GOBIERNO MUNICIPAL

Empoderando a la alcaldía: José Blandón Figueroa

Panamá tiene una Constitución que establece un régimen excesivamente presidencialista y es quizá uno de los países más centralizados de América Latina. Producto de ello, las competencias del alcalde, inclusive el de la ciudad capital, son limitadas. Y lo peor es que, encima, muchas veces los alcaldes se han inhibido de asumir hasta las competencias que constitucional y legalmente le corresponden.

Al iniciar mi campaña a la alcaldía, realicé una serie de focus groups. Lo primero que se preguntaba era cuáles eran los problemas de la ciudad y luego, a quién le correspondía resolverlos. Muy pocas personas mencionaban al municipio como la instancia responsable de resolver los problemas de la ciudad. Más bien se referían al presidente o a los ministros. Si cumplido mi actual período, en 2019, una mayoría de personas piensa que el alcalde es la persona encargada de resolver los problemas de la ciudad, habré hecho bien mi trabajo.

Con ello en mente, me he propuesto como objetivo empoderar al gobierno municipal. Asumir el rol que me corresponde como máxima autoridad de la ciudad. Eso significa que la alcaldía reclame un papel protagónico en la planificación urbana. Para tal propósito, hemos formalizado la Dirección de Planificación Urbano que ahora sí aparece en el organigrama municipal, se ha nombrado nuevo personal altamente calificado y se adelantan esfuerzos de planificación sin precedentes en la historia de la ciudad capital.

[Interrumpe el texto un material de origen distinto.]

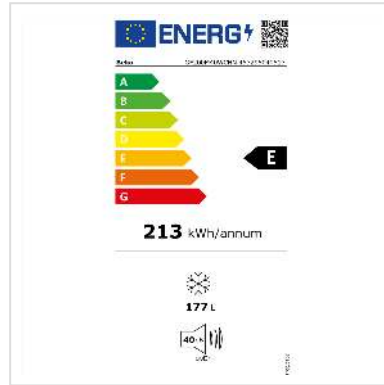

# Beko Gefrierschrank GF200M40WCHN, NoFrost, 168l, weiss

<b>Artikelnummer</b>	04.07.0101
<b>Hersteller</b>	Beko
<b>Hersteller-Art.-Nr.</b>	GF200M40WCHN
<b>EAN (Einzelstück)</b>	8690842512384

**Der neue Beko Gefrierschrank ist mit dem ProSmart™ Inverter Kompressor ausgestattet. Dieser sorgt für Effizienz und dauerhafte Haltbarkeit mit geringem Geräuschpegel.**

## Technische Daten

Hersteller	Beko
Produktgruppe	Kühlen & Gefrieren

Produkttyp	Gefrierschrank
Farbe	weiß
Lieferumfang	Bedienungsanleitung
Modellbezeichnung	GF200M40WCHN
Bauform	Freistehend
Energieeffizienzklasse (A-G)	E
Jährlicher Energieverbrauch	213 kWh
Klimaklasse	SN-T (Subnormal-Tropical: 10°C - 43°C)
Schalldruckpegel	40 dB
Nutzvolumen Gesamt	177 l
Türanschlag	Rechts
Anschlag wechselbar	ja
Gefrierschranktyp	Standgefrierschrank
Gefriervermögen	9 kg
Farbgruppe	Weiss
Türfarbe	Weiss
No Frost System	ja
Innenbeleuchtung	ja
Wasserspender	nein
Eiswürfelpender	nein
Festwasseranschluss	nein
Eingangsspannung	230 V
Höhe	1457 mm
Breite	542 mm
Tiefe	575 mm
Gewicht	48 kg
Verpackungshöhe	1530 mm
Verpackungsbreite	580 mm
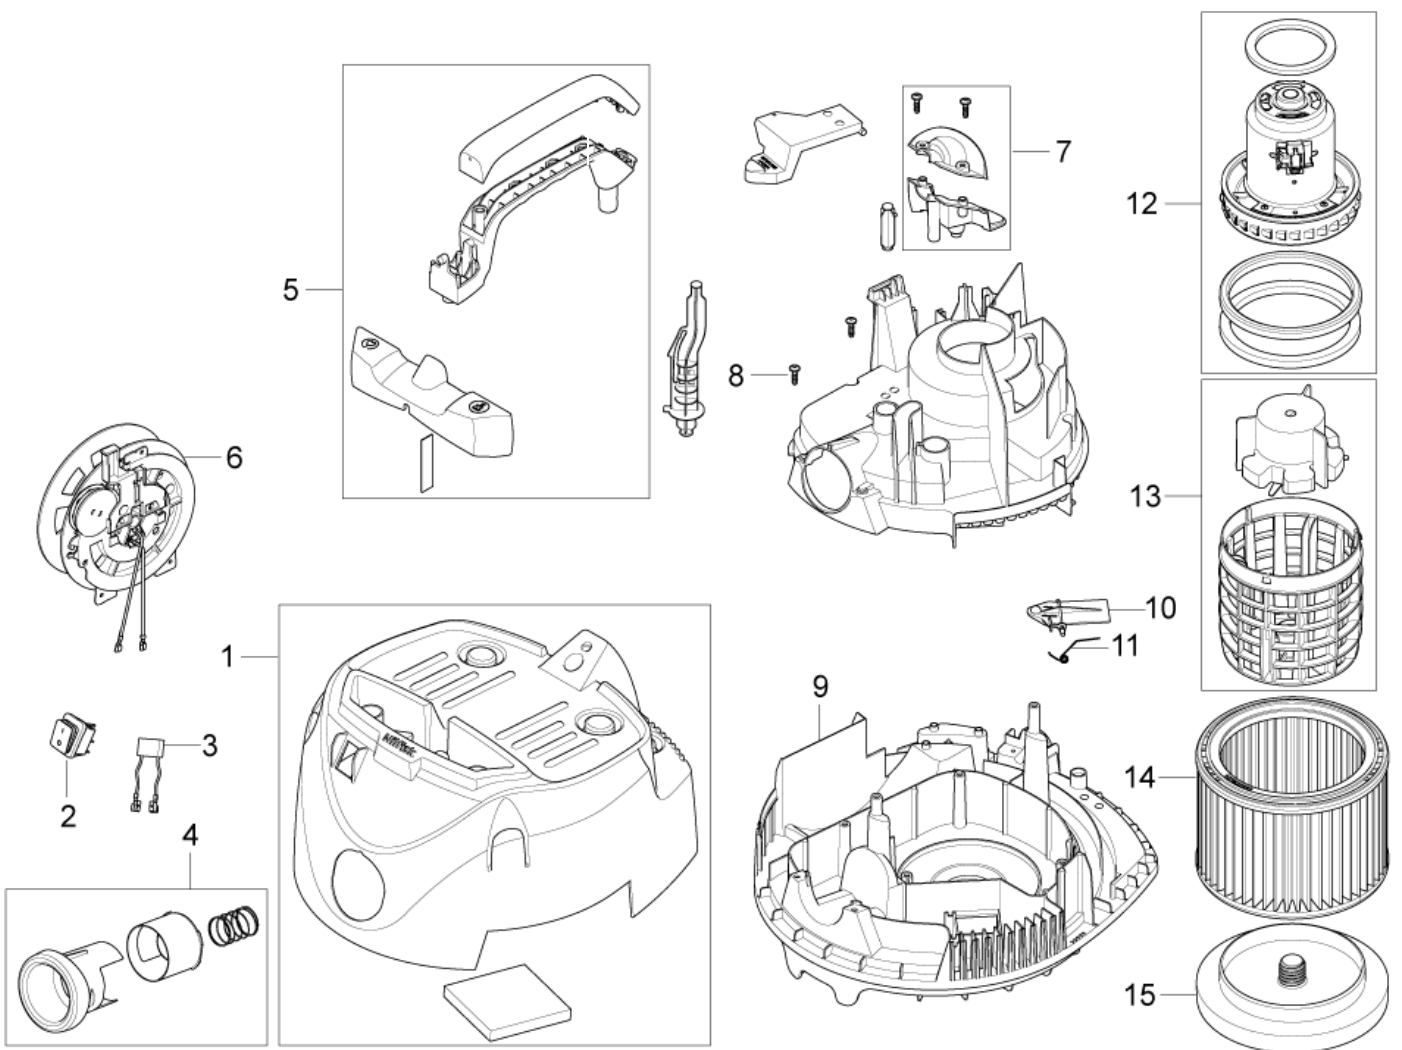

Head PC 1400W CR

Nilfisk MULTI 20

06-06-2011

Part List ID
MULTI04

5

Head PC 1400W CR

Nilfisk MULTI 20

06-06-2011

Part List ID
MULTI04

6

Pos	Part no.	Qty	Description	EAN
1	107402765	1	COVER NILFISK- CR- KIT	7319519683
2	302002065	1	SWITCH 0-1	4005337099
3	48338	1	ANTI-INTERFERENCE CAPACITOR	4005337483
4	107402770	1	OUTLET-KIT	7319519683
5	107402769	1	HANDLE-KIT	7319519683
6	107401436	1	CABLE REWIND 2-POLE EU	7319519677
6	107402818	1	CABLE REWINDING FOR 2 WIRE UK	7319519683
7	107402772	1	CABLE REWIND -KIT	7319519683
8	302004029	1	SCREW 5X18	4005337147
9	107402768	1	MOUNTINGPLATE-KIT	7319519683
10	302000344	1	FLAP 79X53X25 ATTIX 30	4005337674
11	909100083	1	TORSION SPRING D0.9X18X45 INOX	4005337679
12	107402771	1	MOTOR-KIT	7319519683
13	302002427	1	SPARE PART SET	4005337105
14	107402338	1	WET AND DRY FILTER MULTI	5715492061
15	302002042	1	FILTER TENSION DISC D184X45	4005337091
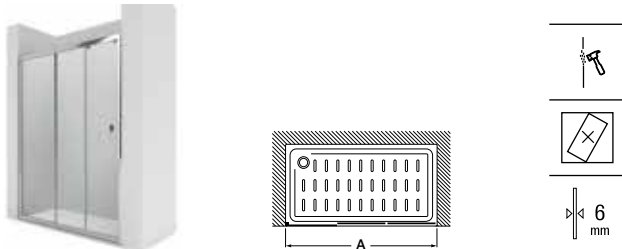

Easy

Altura 1950 mm

Frontal

Easy L3-E

Frontal ducha de 2 hojas
correderas + 1 fija

Medidas (A)	Apertura mínima	Cristal Transparente		Cristal Fumato, Mate o Decorado⁽¹⁾	
		Blanco / Plata mate	Plata brillo	Blanco / Plata mate	Plata brillo
770 - 1000	380	€ 688,00	€ 770,00	€ 865,00	€ 947,00
1001 - 1150	480	€ 727,00	€ 808,00	€ 917,00	€ 997,00
1151 - 1300	580	€ 770,00	€ 853,00	€ 973,00	€ 1.057,00
1301 - 1600	680	€ 812,00	€ 895,00	€ 1.017,00	€ 1.100,00

Compensación: 15 mm por cada lado. Medida total con LF + 25 mm.
El tratamiento MaxiClean (M) supone un coste adicional de: +124€.

(1) Precios de Decorados Cuarzo y Cloud. Precios de Decorados Mist y Rain con perfil Plata brillo: incremento del 100% sobre precio de Cristal Transparente. Precios de Decorados Mist y Rain con perfil Blanco o Plata mate: consultar configurador.
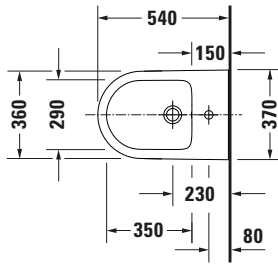

**Wand Bidet**

**Basis Angaben**

Langbezeichnung	Duravit D-Neo Wand Bidet, Weiß Hochglanz, 540 mm, Hahnlochbank, Anzahl Hahnlöcher pro Waschplatz: 1, Überlauf – 2295150000
-----------------	--

**Beschreibungstexte**

Ausschreibungstext	Duravit D-Neo Wand Bidet Weiß Hochglanz 540 mm, Designer: Bertrand Lejoly, Sanitärkeramik, Form: D-shaped, Überlauf, Wandhängend, Hahnlochbank, CE-Kennzeichen-1: EN 14528, EAN Nr.: 4063382017246, Artikelgewicht: 21 kg, Abmessungen (Breite / Länge x Tiefe / Breite x Höhe): 360 x 540 x 400 mm, Artikel Nr.: 2295150000
--------------------	--

**Spezifikationen**
**Farbe**

Farbwert	Weiß
Glanzgrad	Hochglanz

**Material**

Material	Keramik
----------	---------

**Waschplatz**

Anzahl Hahnlöcher pro Waschplatz	1
----------------------------------	---

**Überlauf**

Überlauf	✓
----------	---

**Features**
**Waschplatz**

Hahnlochbank	✓
--------------	---

**Logistik**

Artikelgewicht	21 kg
----------------	-------

**Passende Produkte**
**Passende Artikel**

Passende Artikel finden Sie auf unserer Webseite.
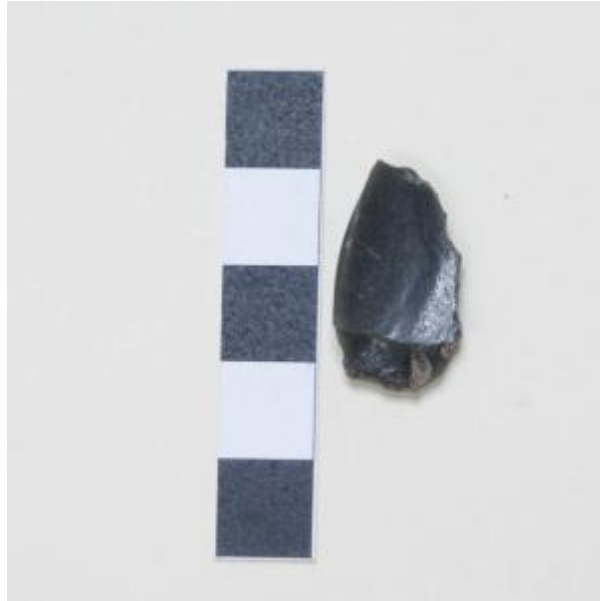

Registro 10-1315

**Institución**

Museo Regional de Rancagua

Tipo de objeto

Raspador

Materiales y técnicas

Raspador

Dimensiones

Largo 2.3 cm x Ancho 1.3 cm x Espesor 0.7 cm x Peso 2 Gramos

Características que lo distinguen

instrumento de forma irregular; es de color negro y de variedad translúcida. Tiene talla monofacial y retoque marginal doble. Se observa un borde funcional.
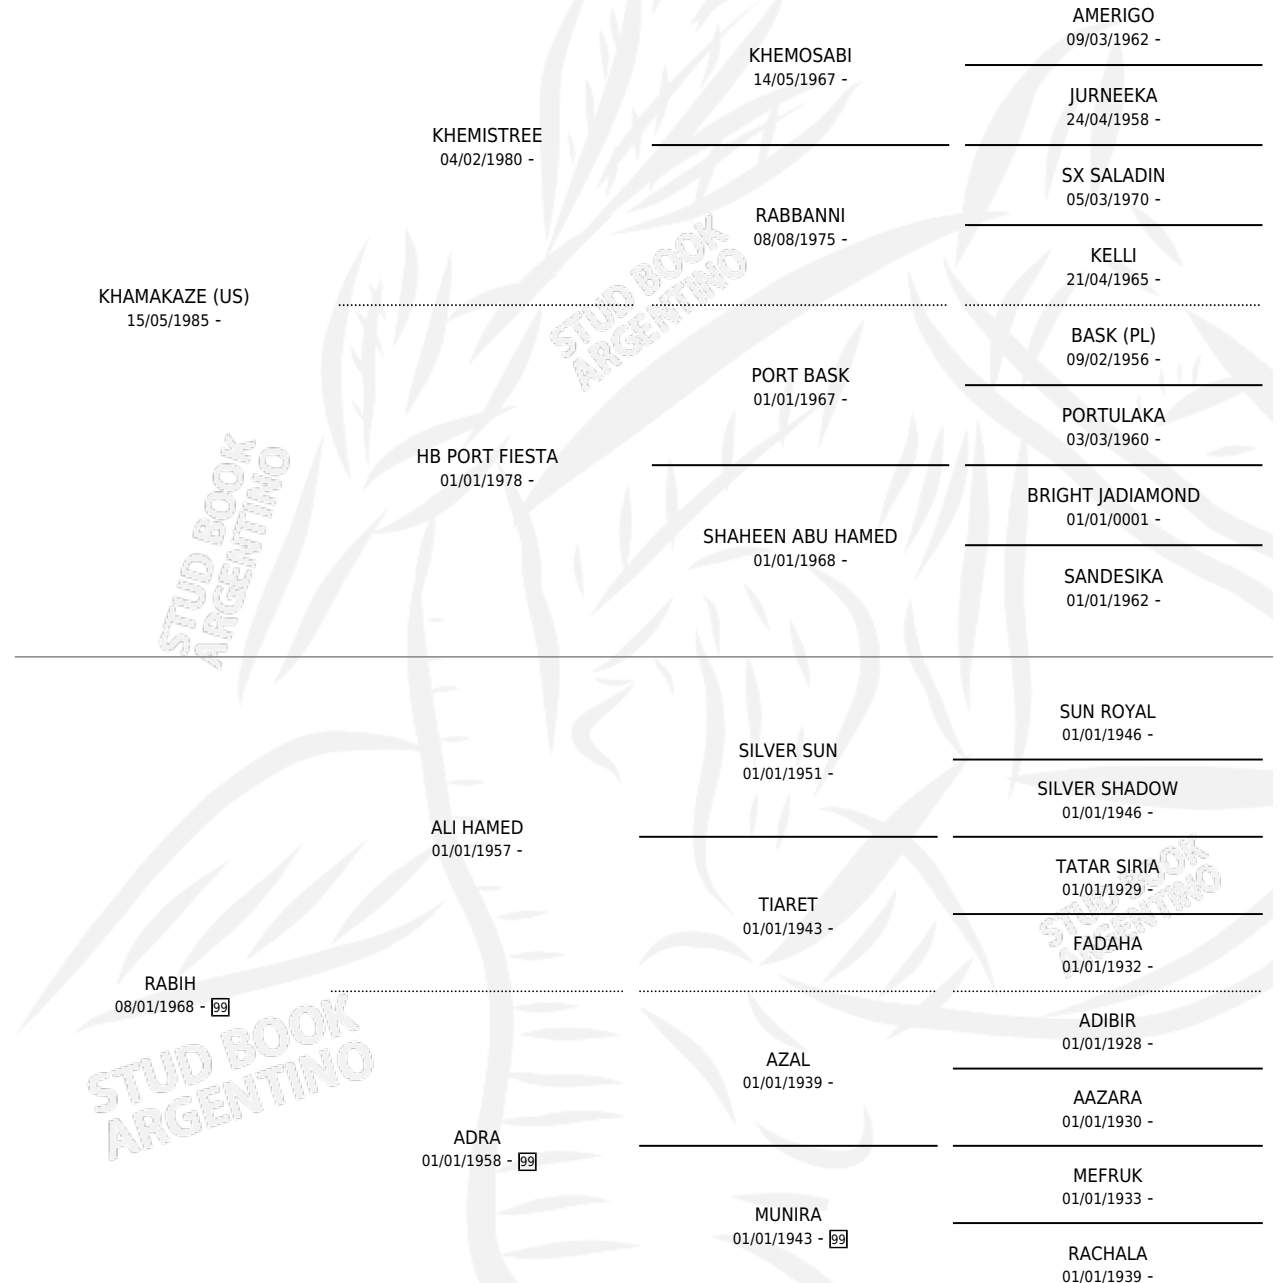

LML ARENA

por **KHAMAKAZE (US)** y **RABIH** por **ALI HAMED**

Argentina · Hembra · Tordillo · AP · 07/08/1990
Familia 99 · Volumen 34

ESTADO

| | |
|------------------------------|---|
| TIPIFICACIÓN SANGUÍNEA | X |
| TIPIFICACIÓN POR ADN | X |
| PASAPORTE | X |
| IDENTIFICACIÓN POR MICROCHIP | X |
| REPRODUCTOR | ✓ |

Lugar de nacimiento: La Media Legua

Criador: Sin dato

PEDIGREE

S

mientos **0** / Efectividad **0.00%**

PADRILLO

PRODUCTO

CRIADOR
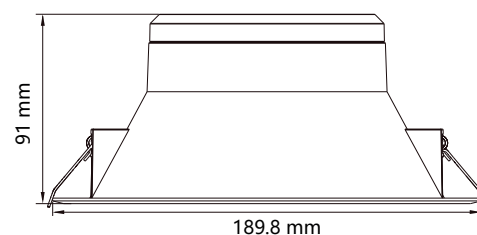

Température couleur : 3000K

Dimmable : Non

Dimensions : Ø190 x 91 mm

Diamètre de perçage : Ø160 mm

Emballage : Boite

EAN : 3701124410252

UGR<19 en condition normale dont plafond > 2.50m

Paramètres Optiques

ON / OFF >100 000

Indice de protection IP : IP20

Poids Net : 0,310 Kg

Les normes internationales fixent la tolérance du flux lumineux et de la charge associée à ± 10 %. La température des couleurs est soumise à une tolérance pouvant aller jusqu'à +/-150° Kelvin par rapport à la valeur nominale.
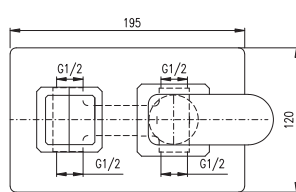

YU186KCB

4500 167

Baterie sprchová/vanová vestavěná s keramickým přepínačem
včetně podomítkového tělesa

Built-in shower/bath lever mixer with ceramic switch
including concealed body

Смеситель для душа/ванны с керамическим
переключателем включая тело скрытого монтажа

KA3502

KA3506

Keramický
přepínač

Ceramic diverter

Керамический
переключатель

YU
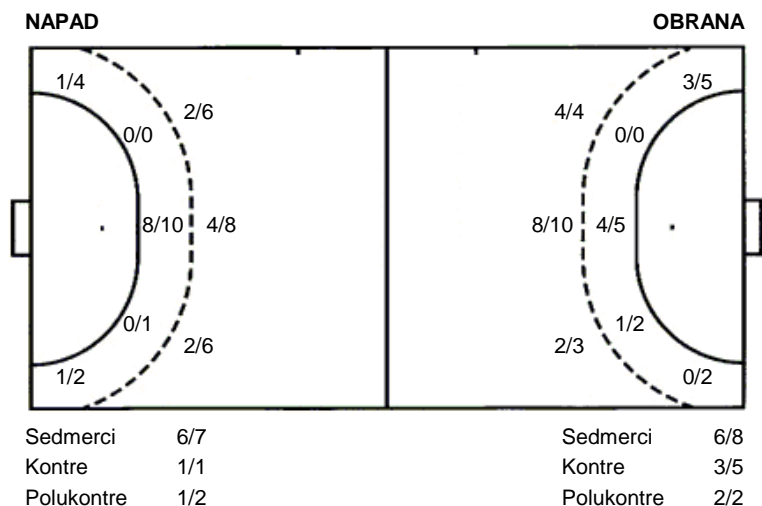

Utakmica završena

Raspored šuta po igraču

2 M. Nikšić 0/1 0/1 1/1 1 prom.	3 K. Smiljić 2/3 0/1 3/3 2/2 1/2 5/6 1 stativa 2 prom.	5 K. Fabičević 1 stativa 1 prom.	6 M. Tolić 0/1 1 stativa	8 A. Mikulić 1/1 1/1 2/2 2/2 1 stativa 1 prom. 1 blok	9 I. Galetić 0/1 1 prom.	10 D. Kuzmić 0/1
11 A. Horvat 2/2 0/1 1/1 1/1	15 P. Kuzmić	16 J. Sanader	17 M. Gavrić	19 I. Hruby	21 M. Maras	22 M. Gašparović 1/1

30 M. Turković

UKUPNO

2/2	3/3	1/1
2/6	0/1	4/5
4/5	1/3	9/10

4 stativa 6 prom. 1 blok

Šutevi po pozicijama

Panamá ha entrado en el Programa de Ciudades Emergentes y Sostenibles del Banco Interamericano de Desarrollo (BID), lo que deberá permitirnos, al final de este año, contar con un diagnóstico con indicadores medibles del estado de nuestra ciudad y un plan de acción con metas claras para mejorar en los puntos críticos. Todo este proceso es liderado por la vicealcaldesa, Raisa Banfield. Paralelo a ello, trabajamos en proyectos de intervenciones urbanas integrales para sitios como la vía Argentina y calle Uruguay (adjudicados en licitaciones públicas a jóvenes firmas de arquitectos panameños), para el centenario barrio de la Exposición (en conjunto con el Banco Mundial y el BID), para la peatonal de Santa Ana (con la asesoría de la Alcaldía de Guayaquil) y para Chilibre, a través del Parque Distrital del Norte (en colaboración con universidades estadounidenses y nacionales). Es un esfuerzo sesudo, complicado y mucho más demorado que si tan solo recurriéramos a la licitación de estudio y diseño, a la que tanto se ha recurrido en el pasado. Pero en la alcaldía estamos convencidos de que el camino escogido asegura un mejor resultado.

Quizá aún hay quienes no se han dado cuenta, pero un profundo cambio ya ha ocurrido. Esta no es una alcaldía, que como dijo un expresidente de ingrata recordación, solo se dedica a “cortar la grama y recoger la basura”, sino una que asume su rol como autoridad urbanística y lidera el proceso de transformación que nos llevará a una ciudad diferente, con mejor calidad de vida para todos los que vivimos en ella.